Stored records

+ + +

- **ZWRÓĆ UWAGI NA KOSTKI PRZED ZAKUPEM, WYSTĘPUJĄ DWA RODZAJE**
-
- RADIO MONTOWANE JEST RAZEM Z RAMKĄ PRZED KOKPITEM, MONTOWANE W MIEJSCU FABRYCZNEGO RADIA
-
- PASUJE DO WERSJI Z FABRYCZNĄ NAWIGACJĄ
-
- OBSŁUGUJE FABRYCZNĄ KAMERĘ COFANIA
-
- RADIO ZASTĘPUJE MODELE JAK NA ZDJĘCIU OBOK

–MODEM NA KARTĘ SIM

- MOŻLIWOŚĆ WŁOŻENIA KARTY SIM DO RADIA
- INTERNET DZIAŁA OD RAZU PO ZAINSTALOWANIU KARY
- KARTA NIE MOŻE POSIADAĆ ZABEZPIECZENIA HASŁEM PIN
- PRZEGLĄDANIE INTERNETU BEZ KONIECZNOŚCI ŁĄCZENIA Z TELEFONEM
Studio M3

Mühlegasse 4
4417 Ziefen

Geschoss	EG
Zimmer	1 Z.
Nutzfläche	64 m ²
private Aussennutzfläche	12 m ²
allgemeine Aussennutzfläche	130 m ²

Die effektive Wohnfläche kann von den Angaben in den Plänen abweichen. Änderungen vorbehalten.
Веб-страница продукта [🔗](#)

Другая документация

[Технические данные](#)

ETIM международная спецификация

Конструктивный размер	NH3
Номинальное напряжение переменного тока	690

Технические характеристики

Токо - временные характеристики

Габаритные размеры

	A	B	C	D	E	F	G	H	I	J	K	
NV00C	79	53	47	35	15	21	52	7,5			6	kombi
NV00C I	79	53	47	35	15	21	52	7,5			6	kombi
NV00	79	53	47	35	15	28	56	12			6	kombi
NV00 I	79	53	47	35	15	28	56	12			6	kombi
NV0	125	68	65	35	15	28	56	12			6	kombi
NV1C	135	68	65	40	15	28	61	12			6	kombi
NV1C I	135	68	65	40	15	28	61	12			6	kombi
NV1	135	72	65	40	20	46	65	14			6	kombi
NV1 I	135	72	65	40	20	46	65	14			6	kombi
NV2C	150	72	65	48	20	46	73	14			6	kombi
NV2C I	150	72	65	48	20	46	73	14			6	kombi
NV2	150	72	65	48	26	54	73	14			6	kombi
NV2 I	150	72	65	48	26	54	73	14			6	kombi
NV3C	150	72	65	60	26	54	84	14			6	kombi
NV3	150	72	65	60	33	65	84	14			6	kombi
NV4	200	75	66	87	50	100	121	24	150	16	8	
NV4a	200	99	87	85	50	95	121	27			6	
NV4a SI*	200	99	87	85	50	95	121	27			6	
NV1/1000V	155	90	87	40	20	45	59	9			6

+ + +

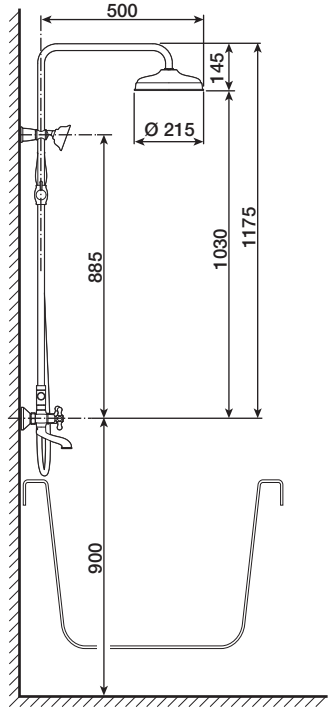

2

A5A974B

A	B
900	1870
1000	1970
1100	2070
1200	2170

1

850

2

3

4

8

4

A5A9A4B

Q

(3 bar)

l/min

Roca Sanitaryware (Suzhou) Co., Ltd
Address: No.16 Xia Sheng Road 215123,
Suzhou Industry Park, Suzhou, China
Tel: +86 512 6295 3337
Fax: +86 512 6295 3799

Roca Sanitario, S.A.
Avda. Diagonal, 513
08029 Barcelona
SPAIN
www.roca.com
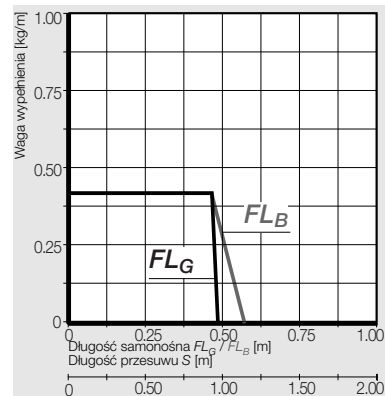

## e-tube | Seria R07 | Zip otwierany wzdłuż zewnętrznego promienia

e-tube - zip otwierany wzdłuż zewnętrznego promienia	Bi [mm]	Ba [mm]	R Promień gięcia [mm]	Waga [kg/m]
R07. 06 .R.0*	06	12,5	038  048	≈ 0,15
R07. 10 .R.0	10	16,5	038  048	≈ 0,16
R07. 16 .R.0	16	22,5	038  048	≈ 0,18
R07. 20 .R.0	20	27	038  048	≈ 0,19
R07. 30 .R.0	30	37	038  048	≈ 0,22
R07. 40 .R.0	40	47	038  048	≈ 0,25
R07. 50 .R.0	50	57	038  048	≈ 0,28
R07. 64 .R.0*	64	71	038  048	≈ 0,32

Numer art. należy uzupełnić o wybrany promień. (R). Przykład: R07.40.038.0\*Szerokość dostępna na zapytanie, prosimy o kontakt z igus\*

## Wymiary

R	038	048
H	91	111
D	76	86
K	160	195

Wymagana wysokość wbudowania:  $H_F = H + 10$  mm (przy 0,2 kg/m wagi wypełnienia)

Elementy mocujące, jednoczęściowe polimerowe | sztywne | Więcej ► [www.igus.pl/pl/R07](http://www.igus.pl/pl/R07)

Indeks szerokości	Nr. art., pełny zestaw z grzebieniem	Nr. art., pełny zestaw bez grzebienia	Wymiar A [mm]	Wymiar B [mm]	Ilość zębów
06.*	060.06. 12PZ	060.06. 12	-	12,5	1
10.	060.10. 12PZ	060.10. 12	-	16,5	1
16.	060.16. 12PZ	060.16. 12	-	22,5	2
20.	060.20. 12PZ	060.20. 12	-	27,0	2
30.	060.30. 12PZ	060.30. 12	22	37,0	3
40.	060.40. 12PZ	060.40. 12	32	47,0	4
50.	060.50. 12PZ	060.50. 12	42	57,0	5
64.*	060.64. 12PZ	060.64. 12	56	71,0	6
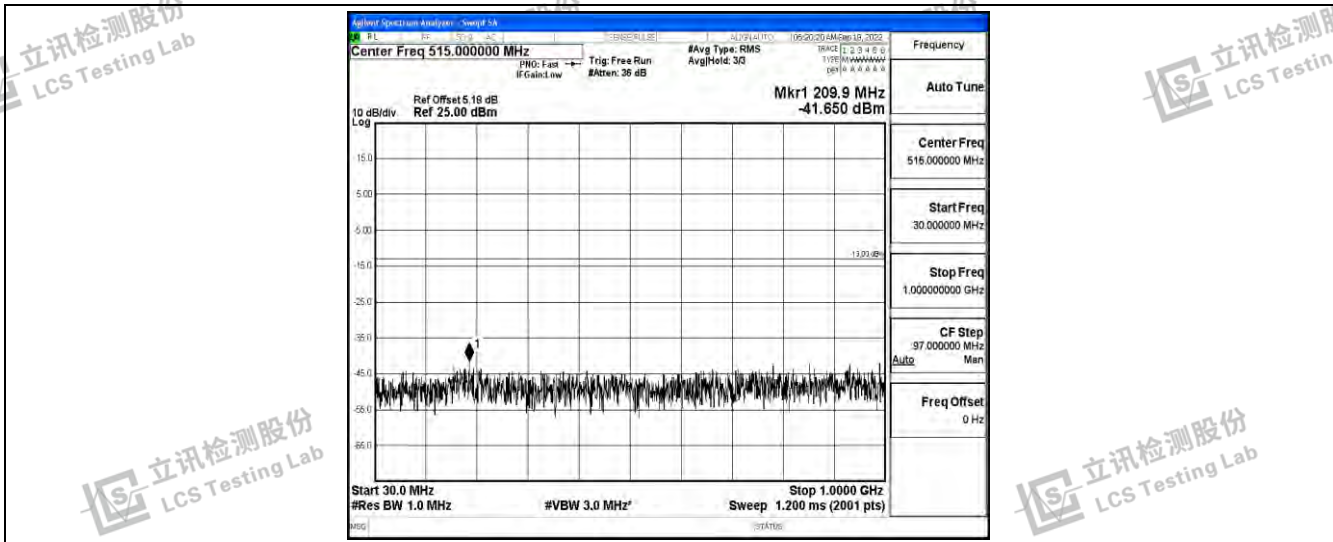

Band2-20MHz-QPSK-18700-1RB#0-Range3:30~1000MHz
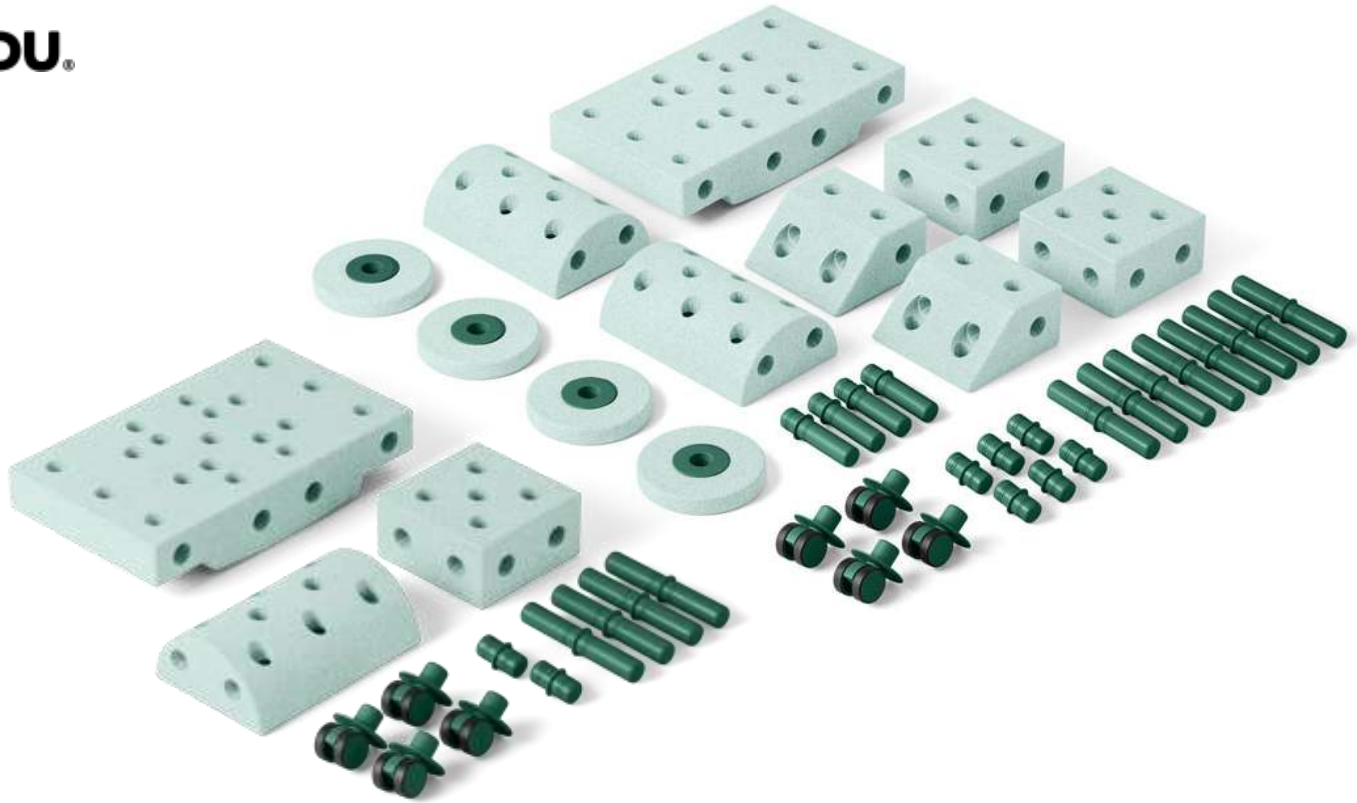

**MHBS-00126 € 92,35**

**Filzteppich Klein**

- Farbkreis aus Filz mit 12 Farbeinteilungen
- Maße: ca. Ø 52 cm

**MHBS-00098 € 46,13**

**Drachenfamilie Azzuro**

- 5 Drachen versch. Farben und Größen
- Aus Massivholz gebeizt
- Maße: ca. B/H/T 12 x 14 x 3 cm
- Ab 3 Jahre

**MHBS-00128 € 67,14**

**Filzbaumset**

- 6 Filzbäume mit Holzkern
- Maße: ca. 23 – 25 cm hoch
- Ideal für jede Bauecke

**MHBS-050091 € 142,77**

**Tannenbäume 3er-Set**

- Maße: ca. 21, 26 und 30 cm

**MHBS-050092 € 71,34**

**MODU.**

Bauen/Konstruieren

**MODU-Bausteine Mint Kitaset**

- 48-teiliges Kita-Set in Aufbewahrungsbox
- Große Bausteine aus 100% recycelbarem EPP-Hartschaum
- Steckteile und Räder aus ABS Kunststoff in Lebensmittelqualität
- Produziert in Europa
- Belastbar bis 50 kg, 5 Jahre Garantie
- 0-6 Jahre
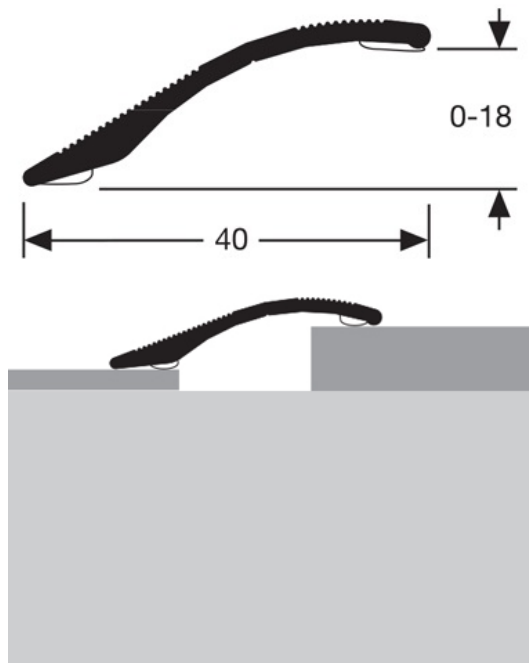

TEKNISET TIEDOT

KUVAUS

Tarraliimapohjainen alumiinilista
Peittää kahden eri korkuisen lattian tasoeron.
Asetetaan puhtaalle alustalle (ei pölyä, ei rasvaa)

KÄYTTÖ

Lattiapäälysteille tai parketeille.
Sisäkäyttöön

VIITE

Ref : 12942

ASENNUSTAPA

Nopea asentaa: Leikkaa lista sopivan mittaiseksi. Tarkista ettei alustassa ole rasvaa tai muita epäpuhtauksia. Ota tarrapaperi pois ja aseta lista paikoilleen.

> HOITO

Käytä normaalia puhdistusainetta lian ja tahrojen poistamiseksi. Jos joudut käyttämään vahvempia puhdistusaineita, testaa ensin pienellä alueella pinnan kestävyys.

+ + +

**Directions for this task:**
Within the entries, determine the count of lines containing the string "rasvaa" and output it alone.

**Final answer:**
2